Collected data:
========================================
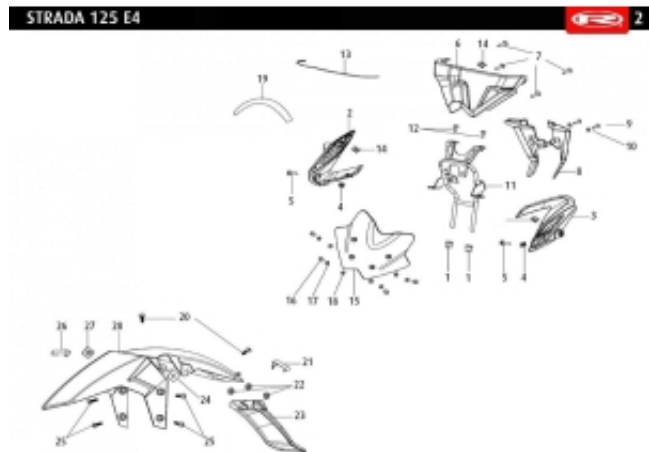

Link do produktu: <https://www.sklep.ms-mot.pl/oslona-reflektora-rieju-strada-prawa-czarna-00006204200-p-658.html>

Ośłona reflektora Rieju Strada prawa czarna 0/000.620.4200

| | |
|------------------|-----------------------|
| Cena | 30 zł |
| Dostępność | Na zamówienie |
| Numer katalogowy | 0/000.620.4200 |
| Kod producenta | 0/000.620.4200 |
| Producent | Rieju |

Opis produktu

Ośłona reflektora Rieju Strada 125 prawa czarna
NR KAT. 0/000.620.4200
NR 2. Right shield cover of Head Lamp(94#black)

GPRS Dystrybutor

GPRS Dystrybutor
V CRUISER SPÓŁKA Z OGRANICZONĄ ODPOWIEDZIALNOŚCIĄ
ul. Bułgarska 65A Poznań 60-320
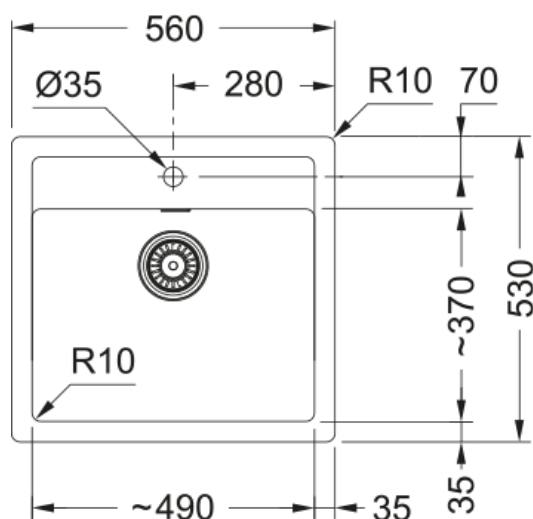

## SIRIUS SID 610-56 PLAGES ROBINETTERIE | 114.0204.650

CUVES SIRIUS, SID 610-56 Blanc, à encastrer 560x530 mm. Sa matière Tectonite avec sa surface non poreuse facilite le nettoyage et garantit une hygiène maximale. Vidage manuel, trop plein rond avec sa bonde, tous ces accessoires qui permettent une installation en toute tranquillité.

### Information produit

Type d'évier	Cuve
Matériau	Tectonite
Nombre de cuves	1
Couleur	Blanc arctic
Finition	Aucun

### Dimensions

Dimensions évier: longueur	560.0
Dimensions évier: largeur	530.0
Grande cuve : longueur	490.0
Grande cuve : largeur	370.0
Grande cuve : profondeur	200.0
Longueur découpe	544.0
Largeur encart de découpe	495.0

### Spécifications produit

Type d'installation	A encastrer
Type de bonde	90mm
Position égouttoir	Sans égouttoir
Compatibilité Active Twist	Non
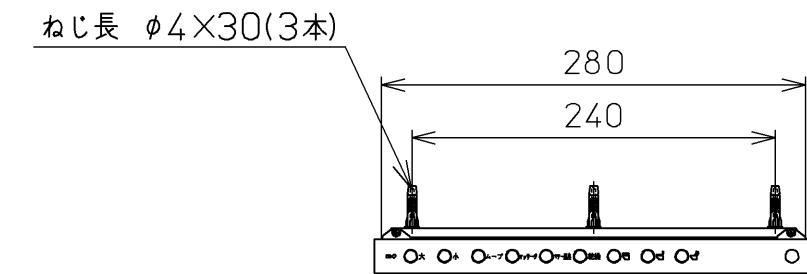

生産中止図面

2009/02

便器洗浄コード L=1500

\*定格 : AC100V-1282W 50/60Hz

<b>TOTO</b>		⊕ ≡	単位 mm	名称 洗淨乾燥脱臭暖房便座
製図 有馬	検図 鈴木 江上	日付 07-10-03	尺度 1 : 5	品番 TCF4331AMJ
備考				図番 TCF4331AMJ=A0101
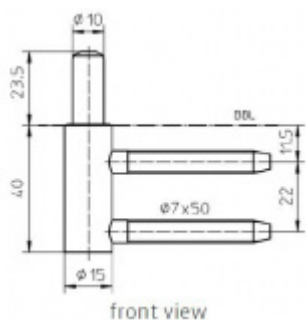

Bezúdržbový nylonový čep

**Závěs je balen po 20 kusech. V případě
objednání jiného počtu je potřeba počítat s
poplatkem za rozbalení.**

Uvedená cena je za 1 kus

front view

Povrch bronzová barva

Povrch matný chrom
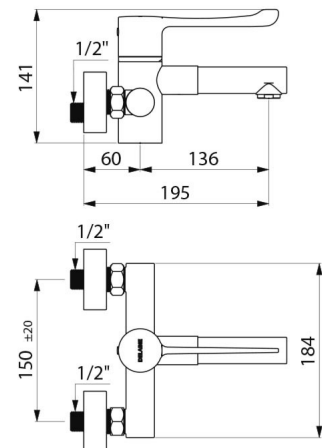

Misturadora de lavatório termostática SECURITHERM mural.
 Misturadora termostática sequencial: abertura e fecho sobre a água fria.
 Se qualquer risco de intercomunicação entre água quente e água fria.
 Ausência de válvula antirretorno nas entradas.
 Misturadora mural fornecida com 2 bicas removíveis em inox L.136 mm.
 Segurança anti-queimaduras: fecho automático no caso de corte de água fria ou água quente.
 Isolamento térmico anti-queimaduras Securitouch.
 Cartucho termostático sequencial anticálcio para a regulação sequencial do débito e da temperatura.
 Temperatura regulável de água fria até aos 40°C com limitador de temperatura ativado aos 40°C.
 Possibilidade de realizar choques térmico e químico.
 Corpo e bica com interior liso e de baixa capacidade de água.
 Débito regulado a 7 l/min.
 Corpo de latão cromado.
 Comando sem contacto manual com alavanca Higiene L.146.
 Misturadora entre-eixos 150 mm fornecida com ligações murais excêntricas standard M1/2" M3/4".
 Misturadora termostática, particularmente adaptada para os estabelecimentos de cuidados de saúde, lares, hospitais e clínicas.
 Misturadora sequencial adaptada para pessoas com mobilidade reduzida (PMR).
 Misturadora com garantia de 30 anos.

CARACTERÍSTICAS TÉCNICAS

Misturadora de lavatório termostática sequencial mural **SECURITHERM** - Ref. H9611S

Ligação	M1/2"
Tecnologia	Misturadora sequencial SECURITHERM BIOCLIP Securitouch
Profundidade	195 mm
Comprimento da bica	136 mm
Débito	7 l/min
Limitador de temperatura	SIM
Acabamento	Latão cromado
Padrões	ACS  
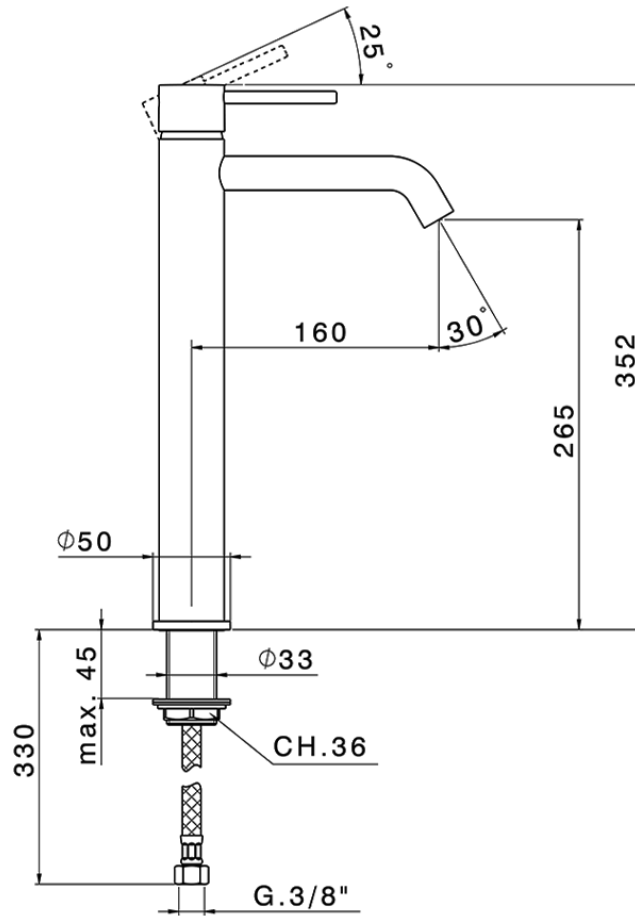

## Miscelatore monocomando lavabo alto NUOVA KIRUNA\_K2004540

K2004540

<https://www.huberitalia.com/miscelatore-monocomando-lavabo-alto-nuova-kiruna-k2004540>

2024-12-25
========================================
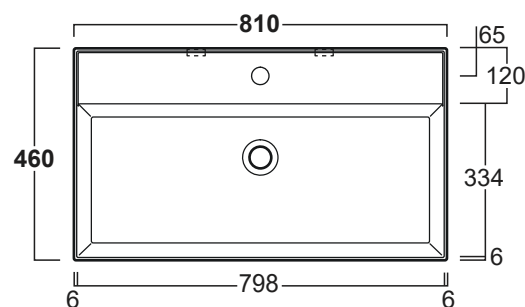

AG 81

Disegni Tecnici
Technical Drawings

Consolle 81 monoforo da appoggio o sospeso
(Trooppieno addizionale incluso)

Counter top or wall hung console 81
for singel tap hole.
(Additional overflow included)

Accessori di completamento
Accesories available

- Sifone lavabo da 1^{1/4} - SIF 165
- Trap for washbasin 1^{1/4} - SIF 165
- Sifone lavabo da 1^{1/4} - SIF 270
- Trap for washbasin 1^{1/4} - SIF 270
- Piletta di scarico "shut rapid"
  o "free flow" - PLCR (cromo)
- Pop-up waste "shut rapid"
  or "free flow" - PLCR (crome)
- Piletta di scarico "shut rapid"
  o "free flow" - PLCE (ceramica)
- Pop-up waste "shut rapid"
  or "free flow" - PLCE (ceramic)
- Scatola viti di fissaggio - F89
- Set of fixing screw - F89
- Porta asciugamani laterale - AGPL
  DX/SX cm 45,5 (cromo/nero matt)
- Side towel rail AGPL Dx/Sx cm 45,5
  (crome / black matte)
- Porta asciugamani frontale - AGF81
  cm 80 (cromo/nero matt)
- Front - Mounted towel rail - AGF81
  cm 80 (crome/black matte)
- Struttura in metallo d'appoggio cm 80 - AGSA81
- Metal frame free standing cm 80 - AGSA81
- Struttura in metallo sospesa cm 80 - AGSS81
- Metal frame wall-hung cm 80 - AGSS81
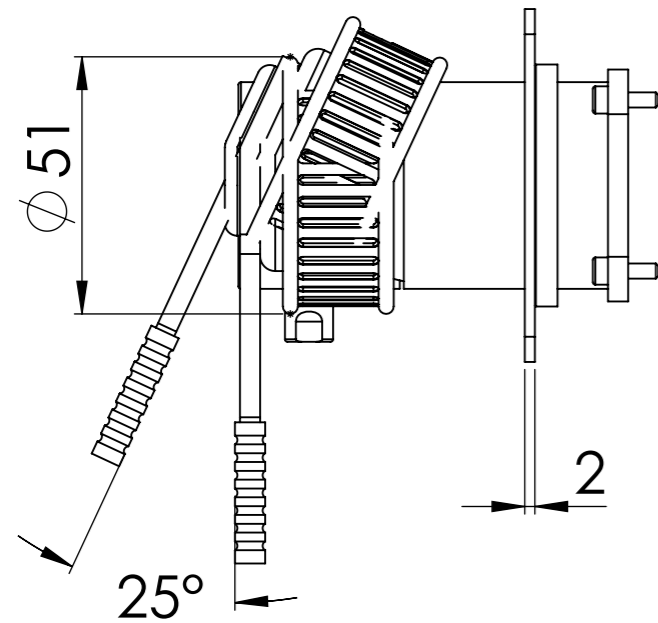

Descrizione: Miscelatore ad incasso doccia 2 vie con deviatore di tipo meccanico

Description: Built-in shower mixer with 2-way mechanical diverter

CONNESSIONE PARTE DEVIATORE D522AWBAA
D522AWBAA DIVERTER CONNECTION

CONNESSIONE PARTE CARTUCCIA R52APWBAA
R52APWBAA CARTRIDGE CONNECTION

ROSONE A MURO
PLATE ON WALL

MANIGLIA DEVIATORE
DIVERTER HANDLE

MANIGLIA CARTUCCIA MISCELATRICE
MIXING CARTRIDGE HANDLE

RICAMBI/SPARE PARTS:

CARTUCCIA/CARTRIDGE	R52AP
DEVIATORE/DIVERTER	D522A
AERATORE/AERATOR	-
========================================
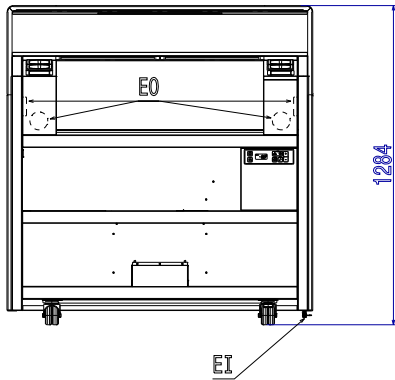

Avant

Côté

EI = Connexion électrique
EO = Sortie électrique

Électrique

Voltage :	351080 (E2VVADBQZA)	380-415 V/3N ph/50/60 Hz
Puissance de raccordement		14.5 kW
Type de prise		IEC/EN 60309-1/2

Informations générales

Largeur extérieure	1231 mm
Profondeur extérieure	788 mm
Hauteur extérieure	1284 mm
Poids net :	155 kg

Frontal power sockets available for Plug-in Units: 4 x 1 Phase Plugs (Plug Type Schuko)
========================================
Activity:
Work out how many lines in the data hold the word "entre"; reply with the number alone.

Solution for this exercise:
2